Every line from the top of the records through the one bearing "- steel structure, 5" is to be reproduced exactly, and pictures are to be left out.
*** Provided records ***
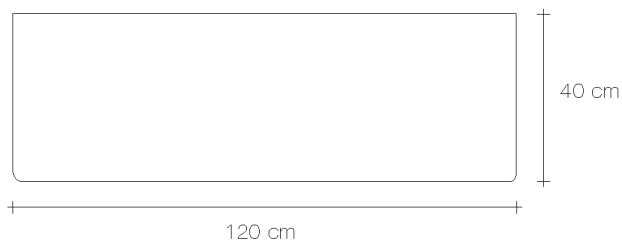

Z0141800 - consolle 2 gambe / 2 legs

Materiale /Material	Peso Unitario* /Unit Weight	Quantità /Quantity	Peso con imballo* /Weight with packaging	Volume /Volume	Riciclabilità /Recyclable
Acciaio / Steel	9 Kg	1	12 Kg	0,1 m³	90 %

*Solo top, aggiungere peso delle gambe corrispondenti
/Only top, add legs set weight
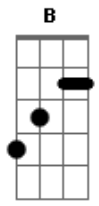

© ukulele-chords.com
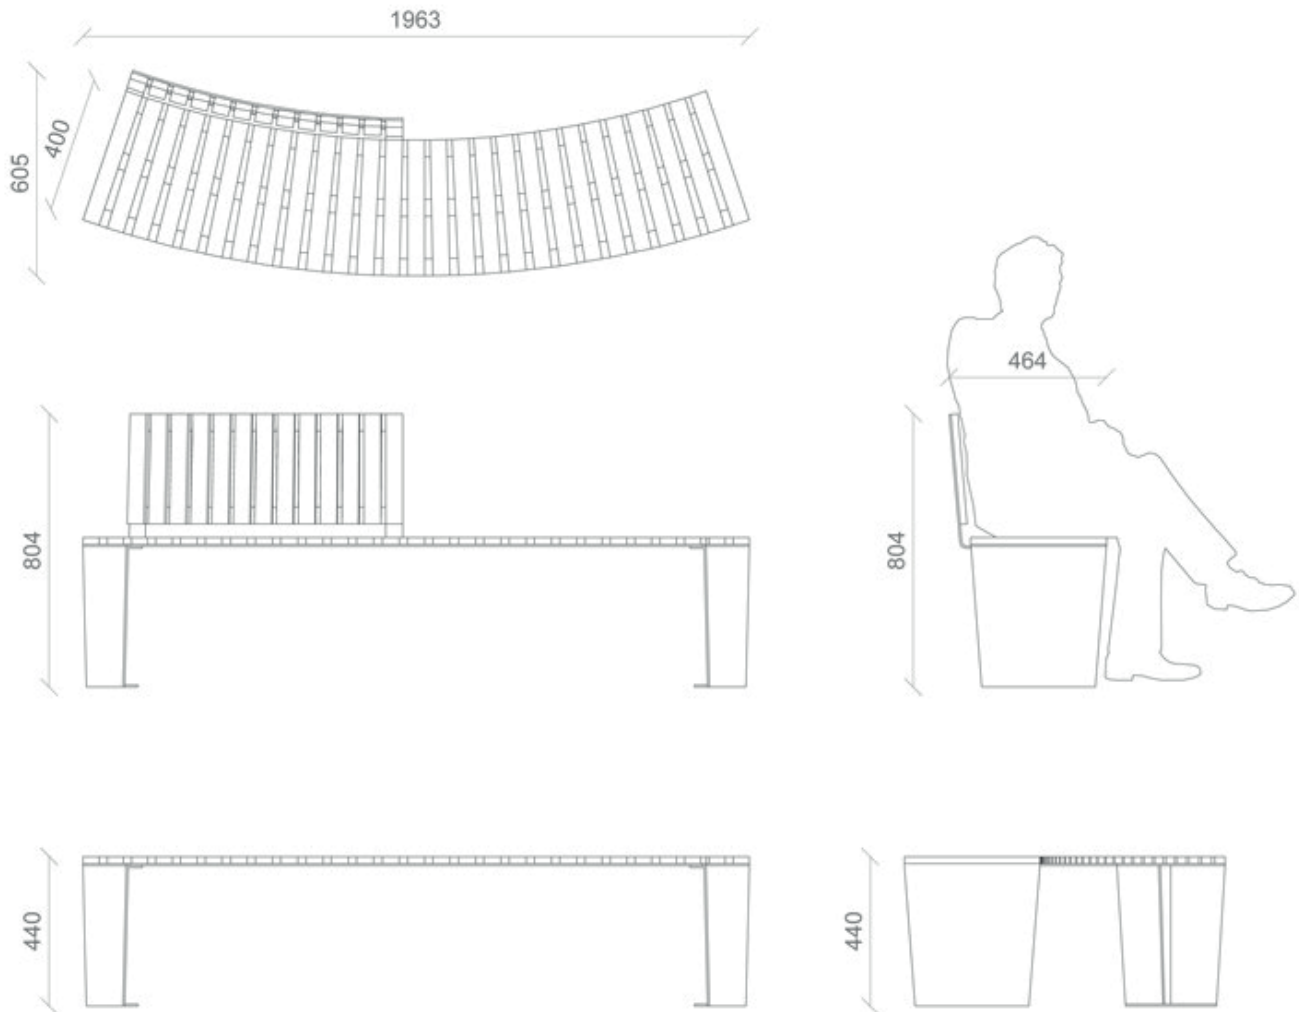

**Dimensioni | Dimensions:**

1963 x 544 x h 440 mm

**Dimensioni con schienale | Dimensions with backrest:**

1963 x 605 x h 804 mm

**Descrizione:**

- struttura in acciaio, spessore mm 5, sagomata a laser, zincata e verniciata; il fissaggio a terra avviene mediante 2 fori di diametro mm 16 presenti in ciascuna gamba laterale.
- seduta composta da 27 doghe di legno esotico o composte da estrusi in PVC espanso rigenerato ecologico della sezione di mm 20x50x400.
- schienale opzionale composto da 12 doghe di legno esotico o composte da estrusi in PVC espanso rigenerato ecologico della sezione di mm 50x20x325.
- Viteria in acciaio inox AISI 304.

**Description:**

- steel structure, 5 mm thick, laser cut, galvanized and painted.
- seat made in 27 bars of exotic wood or in extruded PVC foam recycled materials, section mm 20x50x400.
- optional backrest realized with 12 bars of exotic wood or in extruded PVC foam recycled materials, section mm 50x20x325.
- each side leg has 2 holes for fitting to the ground (diameter mm 16).
- AISI 304 stainless steel screws.
*** End of Provided records ***
Response:
Z0141800 - consolle 2 gambe / 2 legs

Materiale /Material	Peso Unitario* /Unit Weight	Quantità /Quantity	Peso con imballo* /Weight with packaging	Volume /Volume	Riciclabilità /Recyclable
Acciaio / Steel	9 Kg	1	12 Kg	0,1 m³	90 %

*Solo top, aggiungere peso delle gambe corrispondenti
/Only top, add legs set weight

© ukulele-chords.com

**Dimensioni | Dimensions:**

1963 x 544 x h 440 mm

**Dimensioni con schienale | Dimensions with backrest:**

1963 x 605 x h 804 mm

**Descrizione:**

- struttura in acciaio, spessore mm 5, sagomata a laser, zincata e verniciata; il fissaggio a terra avviene mediante 2 fori di diametro mm 16 presenti in ciascuna gamba laterale.
- seduta composta da 27 doghe di legno esotico o composte da estrusi in PVC espanso rigenerato ecologico della sezione di mm 20x50x400.
- schienale opzionale composto da 12 doghe di legno esotico o composte da estrusi in PVC espanso rigenerato ecologico della sezione di mm 50x20x325.
- Viteria in acciaio inox AISI 304.

**Description:**

- steel structure, 5 mm thick, laser cut, galvanized and painted.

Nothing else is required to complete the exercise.